Медленно, временами останавливаясь перевести дух, Фауст поднимался по винтовой лестнице. Сзади, поддерживая своего учителя, шел Вагнер и освещал дорогу фонарем.
Ступень за ступенью – итак семьдесят ступеней.
Вот и показалась верхняя площадка этажа. Четыре окна дают прекрасный обзор, смотрят они на все четыре стороны. Через стекла окон сияет ясное звездное небо.
Фауст и его ученик стояли на светлой площадке. Вагнер поставил в углу фонарь.
– О какой холодный ветер продувает нас! У меня дрожь по телу. Не надо вам оставаться здесь надолго, доминус доктор. Возьмите свою палку. Когда будете спускаться, нащупывайте ногой ступени, чтобы ненароком не упасть. Доброй ночи, доктор!
Вагнер развернулся и начал спускаться по ступеням. Фауст, стоя в одиночестве, запрокинул голову к звездному небу:
– О чем учит нас святая церковь? Она велит нас считать, что земля наша – пуп Вселенной, ее центр, а все светила, также и солнце, двигаются вокруг нее. Девять небес над нами, одно высится над другим. Но так ли это? Полон сомнений я, и, кажется, недаром они… О истина, где ты? Дано ли мне узнать тебя?
Отчаяние терзало Фауста, не находил от ответа на эти вопросы. Покорно склонил Фауст свою массивную седую голову сведенные перед грудью руки. Огромное безмерное небо давило на него. Каким маленьким и ничтожным он показался себе в это миг!
Не откроется ему истина никогда! Потрачена целая жизнь, а на что?

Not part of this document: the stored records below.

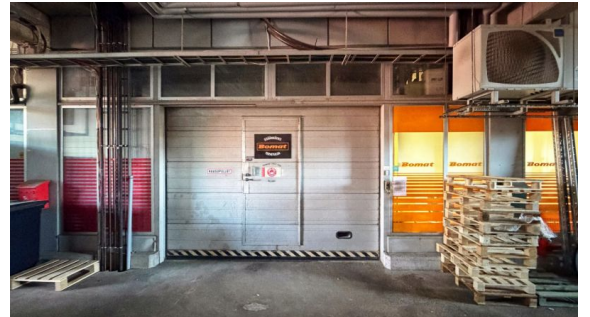

Tila soveltuu

Elintarviketila

Tilan tarjoaja

Comreal Oy LKV

p. 044 328 3425

joonas.nilsson@comreal.fi

<http://www.comreal.fi>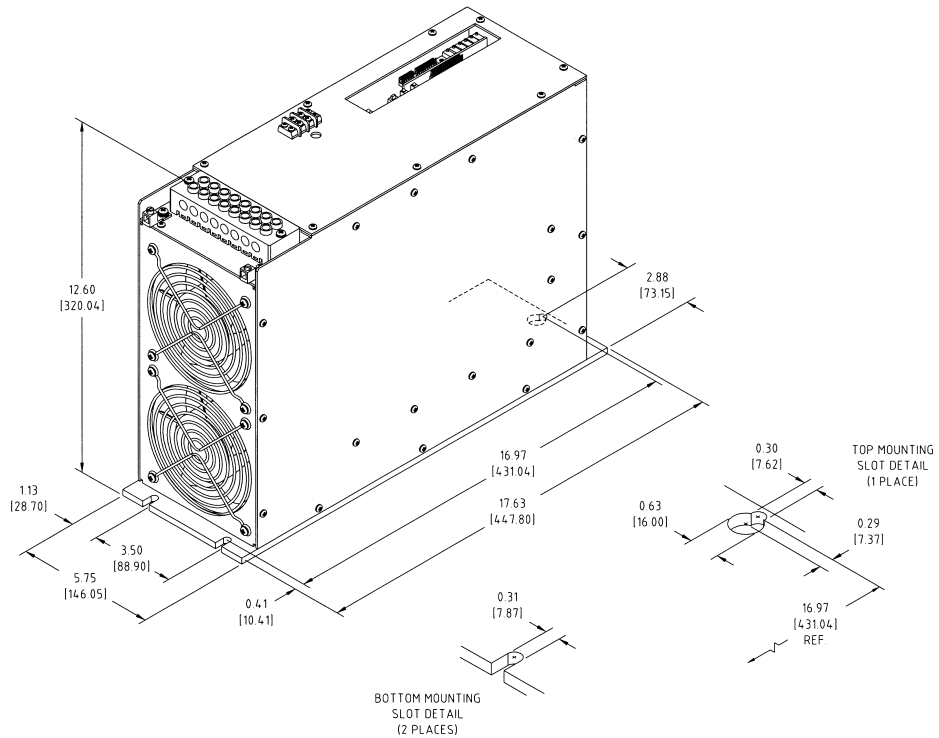

ANALOG BRUSHLESS PWM SERVO AMPLIFIERS
SMA8X75-1A-1 & SMA8X100-1A-1 STAND ALONE
MECHANICAL DIMENSIONS

*SMA8X075-1A-1 & SMA8X100-1A-1
Stand Alone*

Glentek, Inc.

208 Standard Street • El Segundo, California 90245 USA
(310) 322-3026 • (310) 322-7709 Fax • www.glentek.com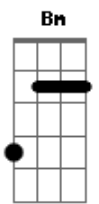

© ukulele-chords.com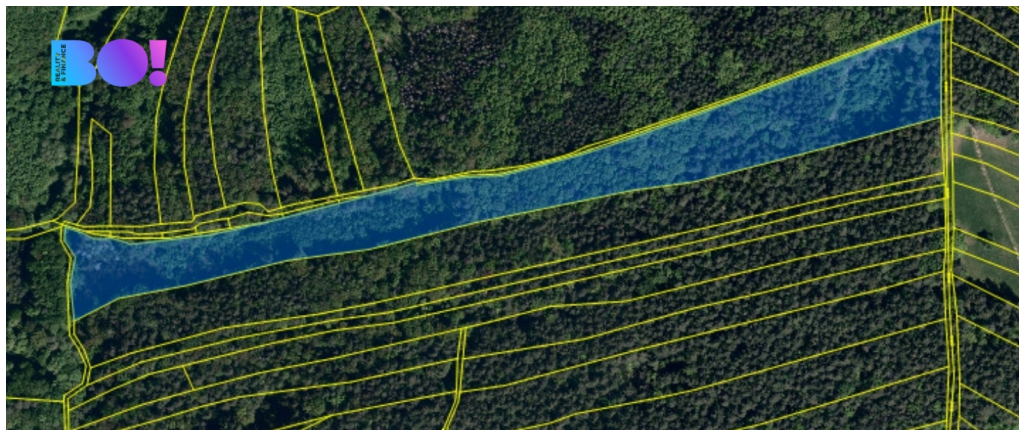

Prodej lesa, 25 807 m², Kaňovice

Kaňovice

647 000 Kč
za nemovitost

Vyřizuje

Simona Pavelková

Tel.: 725 80 80 80

GSM: +420 725 80 80 80

E-mail: info@boreality.cz

Celková plocha: 25 807 m²
Komunikace: neupravená

Druh pozemku: les

POPIS NEMOVITOSTI: Prodej lesního pozemku o výměře 25 807 m² v katastru Kaňovice u Luhačovic. Jedná se o kombinaci mladého, zdravě rostoucího lesa s dobrým potenciálem do budoucna a lesa vhodného k těžbě. Vhodný jako dlouhodobá investice i jako okamžitý výnos.

Pozemek je tvořen kombinací rovinatého terénu a mírného svahu se západní orientací.

Na části pozemku probíhá přirozená obnova porostu s výskytem listnatých dřevin, včetně dubu.

Na větší části pozemku se nachází vzrostlý porost ve stáří cca 84 let, vhodný k těžbě.

Další část lesa je ve stáří přibližně 9 let a nachází se ve fázi mladého, dobře rostoucího lesa. Porost je hustý a kompaktní.

V západní a východní části je porost místy řidší, což nabízí potenciál pro další dosadbu či individuální hospodaření dle preferencí nového vlastníka.

Dřevinná skladba je pestrá – převažuje buk a habr, místy s výskytem předrostlíků, dále jsou zastoupeny akát, borovice, smrk a jívka.

Pozemek je vhodný jak pro lesnické hospodaření, tak i jako dlouhodobá investice.

Právní přístup přes obecní pozemky. Les je volný bez pachtu.

Горько, горько было на душе у великого алхимика. Все, что и осталось сейчас, так это с башни вниз головой. Ну же смелей, несчастный Фауст, смелее! Здесь истина точно с тобой – упал и нет тебя. И никаких сомнений!

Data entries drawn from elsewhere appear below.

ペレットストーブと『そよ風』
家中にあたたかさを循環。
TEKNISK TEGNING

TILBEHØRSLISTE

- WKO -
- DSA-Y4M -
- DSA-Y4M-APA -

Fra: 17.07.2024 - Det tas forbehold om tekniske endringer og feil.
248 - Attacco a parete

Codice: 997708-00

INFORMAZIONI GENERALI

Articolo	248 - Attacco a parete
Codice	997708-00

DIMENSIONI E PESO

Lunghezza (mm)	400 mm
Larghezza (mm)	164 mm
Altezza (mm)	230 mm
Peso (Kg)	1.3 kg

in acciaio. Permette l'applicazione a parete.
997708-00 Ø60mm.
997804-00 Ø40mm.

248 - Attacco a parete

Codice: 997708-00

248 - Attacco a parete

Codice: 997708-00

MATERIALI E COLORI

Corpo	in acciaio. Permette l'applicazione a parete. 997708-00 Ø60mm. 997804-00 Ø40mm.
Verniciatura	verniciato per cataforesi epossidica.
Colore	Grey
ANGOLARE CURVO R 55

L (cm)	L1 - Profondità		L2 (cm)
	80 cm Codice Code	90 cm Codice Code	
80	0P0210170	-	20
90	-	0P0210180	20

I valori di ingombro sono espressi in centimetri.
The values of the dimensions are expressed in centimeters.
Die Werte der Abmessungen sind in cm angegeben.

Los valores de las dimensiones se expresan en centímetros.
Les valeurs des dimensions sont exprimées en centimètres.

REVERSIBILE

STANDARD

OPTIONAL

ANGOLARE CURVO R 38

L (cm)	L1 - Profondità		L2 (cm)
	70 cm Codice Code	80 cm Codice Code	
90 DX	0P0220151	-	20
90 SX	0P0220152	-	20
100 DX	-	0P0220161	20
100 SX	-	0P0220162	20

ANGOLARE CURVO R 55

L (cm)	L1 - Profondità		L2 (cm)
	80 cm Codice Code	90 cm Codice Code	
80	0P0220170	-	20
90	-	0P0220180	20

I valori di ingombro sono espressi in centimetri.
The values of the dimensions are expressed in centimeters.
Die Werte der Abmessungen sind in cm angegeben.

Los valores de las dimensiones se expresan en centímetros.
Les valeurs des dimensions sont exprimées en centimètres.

Обуреваемый неизгладимой тоской и меланхолией, ученый двигался к окну, как будто какая – то невидимая сила влекла его именно сюда. Вот Фауст перегнулся через подоконник. Зияющая непроглядной темнотой, и оттого казавшаяся бездонной, черная пропасть потянула его к себе. Закружилась голова… Какая она, смерть? Вот и встреча наша…
И вдруг громкий скрипучий, как уключины в лодке, голос прервал внутренний монолог Фауста, раздался он позади ученого:
– Доктор Фауст! Доктор Фауст! Не двигайтесь дальше! Остановитесь, внизу острые камни, а вы не птица.
– Чей голос слышу я? Неужели вы, Вагнер, вернулись назад?
– Нет, доктор Фауст, ваш ученик Вагнер уже надел ночной колпак, налил в кубок целительное снадобье, укрепляющее память. Вы же знаете, у него единственный талант – это память.
– Тогда кто же разговаривает со мной? Где вы? Фонаря у меня нет, здесь дьявольски темно, я не вижу.
– Вот видите, насколько ты догадливы, как настоящий мудрец! Имя мое вы назвали, доктор Фауст!
От таких слов доктор Фауст невольно вздрогнул. Неужели свершилось? Истина здесь? Забыв тоску, грусть и меланхолию, он быстрым движением трижды начертил вокруг себя палкой магический круг и нарисовал волшебную пентаграмму – она обладает святым свойством отгонять злых духов.
– Не вздумай приближаться ко мне, исчадие ада!
– Только не так грозно! Меня этим не пронять. А прибыл я, как вас извещаю, самовольно, по собственному почину. И как видно, вовремя. Согласитесь? Есть я ваш покорный слуга – Мефистофель.
– Почему ты здесь? Я не звал тебя.
– Все объясняется просто: ваш крик отчаяния достиг до дна преисподней. Я, как хозяин своих земель, деловит, расчетлив, и в чем – то даже скряга. Как я мог допустить, чтобы такой великий ум, как доктор Фауст, и вдруг покончит с собой, погибнет без пользы, напрасно! Великий Фауст – и вдруг разбит, словно стеклянная колба, о камни. Нет, и нет! Мне такой конец не выгоден! Позвольте предложить вам дружбу… в обмен на обоюдовыгодную сделку. Я стану служить вам и открою вам все до одной загадки Вселенной. Соглашайтесь, доктор! Сделайте шаг навстречу судьбе!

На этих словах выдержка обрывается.